[[ Data to use open ]]

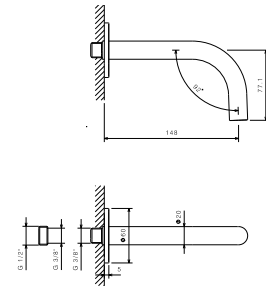

Bocca erogazione a parete per lavabo
in acciaio inox da 150 mm.

ENG - Sedi ullore doloreniae mosaper natenti
oreiur rem reicips untianti volupid moluptatquis
dignis quuntintibus restium necus volest, nem
que officiam aut perio. Cum aliqui cullent pelita.

CODICE	COLORAZIONE	FINITURA	EAN	LISTINO
T20054S	Brushed	● AISI 304	8055715597279	€ 162
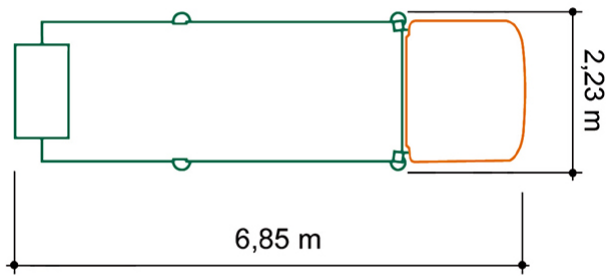

WEITERE BILDER

Alle Daten wurden präzise ermittelt, für etwaige Druckfehler übernehmen wir keine Haftung.

[[ Data to use closed ]]

Work order:
Beginning at the line with "ENG - Sedi ullore doloreniae mosaper natenti", reproduce word for word each line through the last line of the records. Include both ends but no pictures.

Answer for the task:
ENG - Sedi ullore doloreniae mosaper natenti
oreiur rem reicips untianti volupid moluptatquis
dignis quuntintibus restium necus volest, nem
que officiam aut perio. Cum aliqui cullent pelita.

CODICE	COLORAZIONE	FINITURA	EAN	LISTINO
T20054S	Brushed	● AISI 304	8055715597279	€ 162

WEITERE BILDER

Alle Daten wurden präzise ermittelt, für etwaige Druckfehler übernehmen wir keine Haftung.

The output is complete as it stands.